** Brief **
The entries are to be returned exactly, with images left out.

** Records to process **

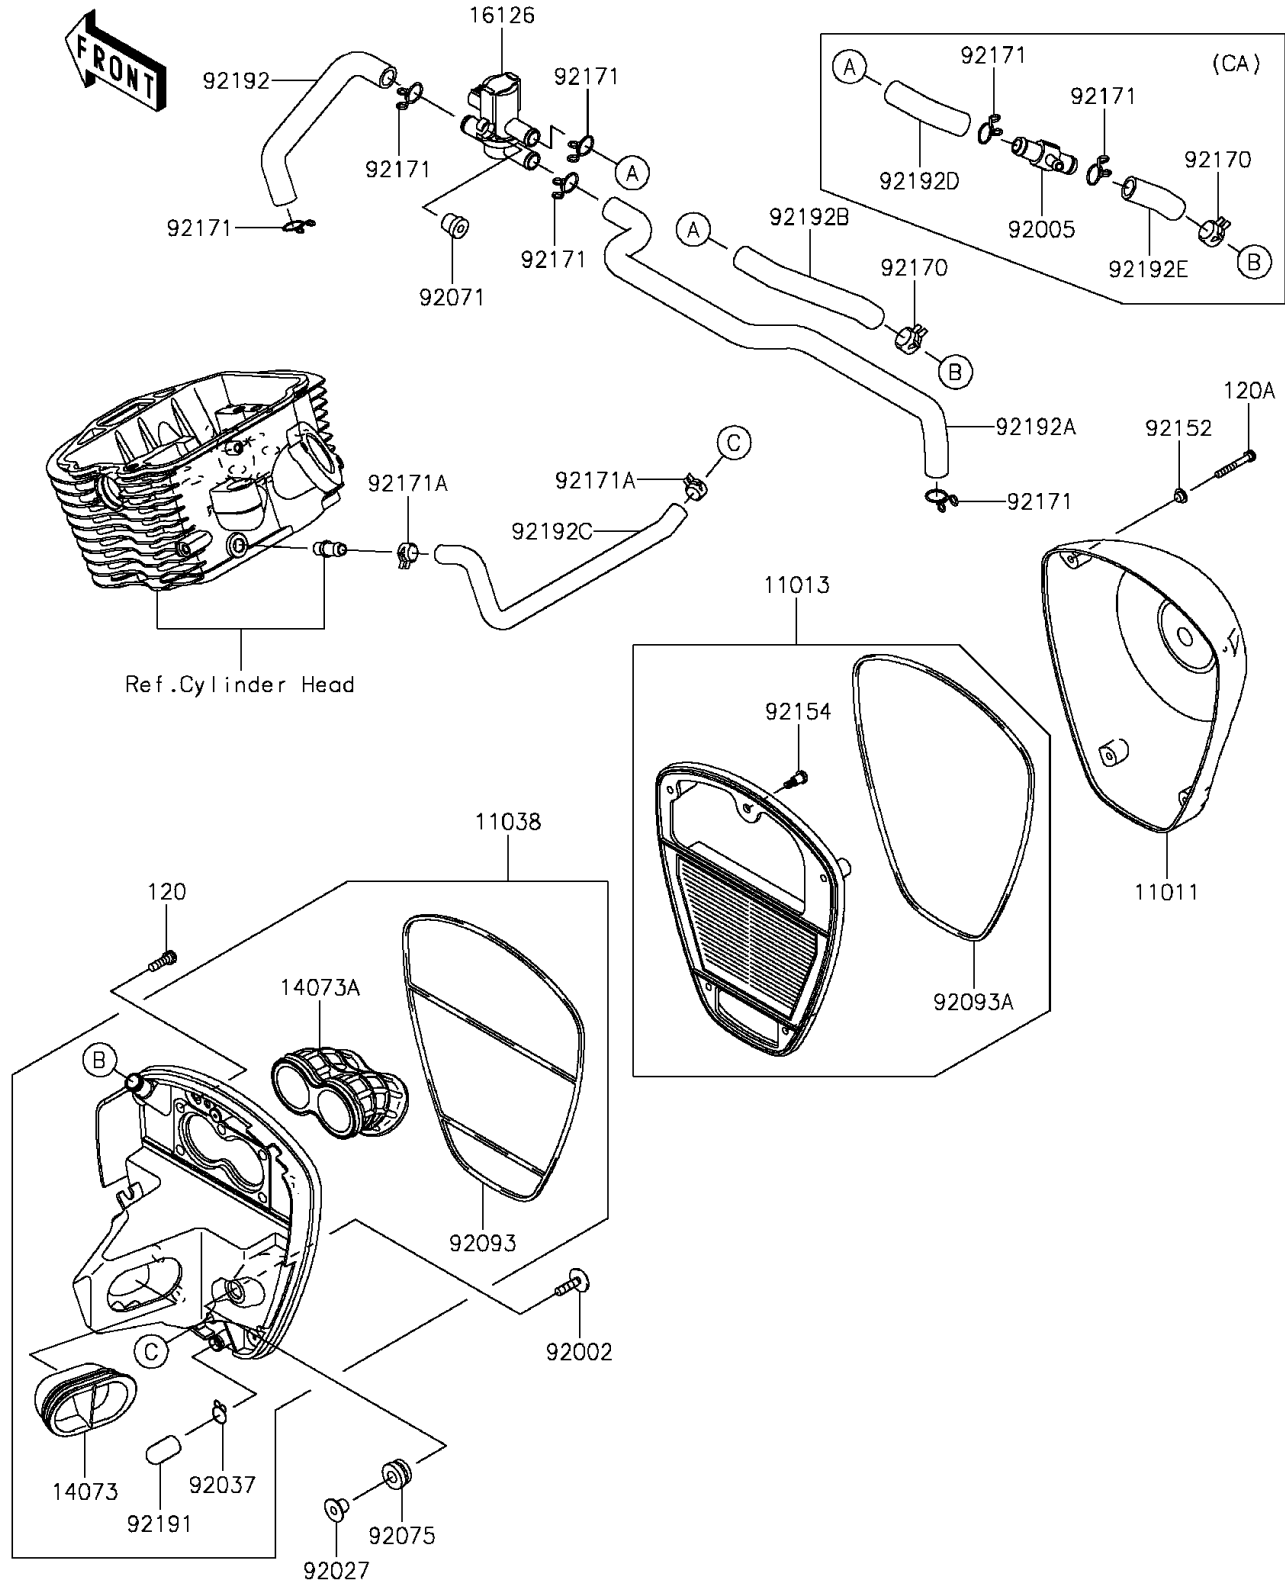

## 2011 Vulcan® 900 Classic LT PARTS DIAGRAM

Air Cleaner

E1130

## 2011 Vulcan® 900 Classic LT PARTS LIST

Air Cleaner

ITEM NAME	PART NUMBER	QUANTITY
BOLT-SOCKET,6X18 (Ref # 120)	120CA0618	1
BOLT-SOCKET,5X35 (Ref # 120A)	120CC0535	1
CASE-AIR FILTER (Ref # 11011)	11011-0080	1
ELEMENT-AIR FILTER (Ref # 11013)	11013-0015	1
CASE-ASSY-AIR FILTER (Ref # 11038)	11038-0015	1
DUCT,INTAKE (Ref # 14073)	14073-0103	1
DUCT,THROTTLE BODY (Ref # 14073A)	14073-0104	1
VALVE,AIR SWITCHING (Ref # 16126)	16126-1437	1
BOLT,6X25 (Ref # 92002)	92002-1135	1
COLLAR,L=12 (Ref # 92027)	92027-1062	1
CLAMP,14.5MM (Ref # 92037)	92037-1900	1
GROMMET (Ref # 92071)	92071-0026	1
DAMPER,RUBBER (Ref # 92075)	92075-1123	1
SEAL (Ref # 92093)	92093-0054	1
SEAL (Ref # 92093A)	92093-0057	1
COLLAR (Ref # 92152)	92152-0451	1
BOLT,SOCKET,5X16.5 (Ref # 92154)	92154-0120	1
CLAMP (Ref # 92170)	92170-1989	1
CLAMP (Ref # 92171A)	92171-1441	1
TUBE (Ref # 92191)	92191-1704	1
TUBE,ASV-FR HEAD (Ref # 92192)	92192-0266	1
TUBE,ASV-RR HEAD (Ref # 92192A)	92192-0267	1
TUBE,BLOWBY (Ref # 92192C)	92192-0269	1
FITTING (Ref # 92005)	92005-0054	1
CLAMP (Ref # 92171)	92171-0790	2
TUBE,A/C-ASV (Ref # 92192B)	92192-0268	1
TUBE,ASV-FITTING (Ref # 92192D)	92192-0345	1
TUBE,A/C-FITTING (Ref # 92192E)	92192-0510	1

** Written solution **
## 2011 Vulcan® 900 Classic LT PARTS DIAGRAM

Air Cleaner

E1130

## 2011 Vulcan® 900 Classic LT PARTS LIST

Air Cleaner

ITEM NAME	PART NUMBER	QUANTITY
BOLT-SOCKET,6X18 (Ref # 120)	120CA0618	1
BOLT-SOCKET,5X35 (Ref # 120A)	120CC0535	1
CASE-AIR FILTER (Ref # 11011)	11011-0080	1
ELEMENT-AIR FILTER (Ref # 11013)	11013-0015	1
CASE-ASSY-AIR FILTER (Ref # 11038)	11038-0015	1
DUCT,INTAKE (Ref # 14073)	14073-0103	1
DUCT,THROTTLE BODY (Ref # 14073A)	14073-0104	1
VALVE,AIR SWITCHING (Ref # 16126)	16126-1437	1
BOLT,6X25 (Ref # 92002)	92002-1135	1
COLLAR,L=12 (Ref # 92027)	92027-1062	1
CLAMP,14.5MM (Ref # 92037)	92037-1900	1
GROMMET (Ref # 92071)	92071-0026	1
DAMPER,RUBBER (Ref # 92075)	92075-1123	1
SEAL (Ref # 92093)	92093-0054	1
SEAL (Ref # 92093A)	92093-0057	1
COLLAR (Ref # 92152)	92152-0451	1
BOLT,SOCKET,5X16.5 (Ref # 92154)	92154-0120	1
CLAMP (Ref # 92170)	92170-1989	1
CLAMP (Ref # 92171A)	92171-1441	1
TUBE (Ref # 92191)	92191-1704	1
TUBE,ASV-FR HEAD (Ref # 92192)	92192-0266	1
TUBE,ASV-RR HEAD (Ref # 92192A)	92192-0267	1
TUBE,BLOWBY (Ref # 92192C)	92192-0269	1
FITTING (Ref # 92005)	92005-0054	1
CLAMP (Ref # 92171)	92171-0790	2
TUBE,A/C-ASV (Ref # 92192B)	92192-0268	1
TUBE,ASV-FITTING (Ref # 92192D)	92192-0345	1
TUBE,A/C-FITTING (Ref # 92192E)	92192-0510	1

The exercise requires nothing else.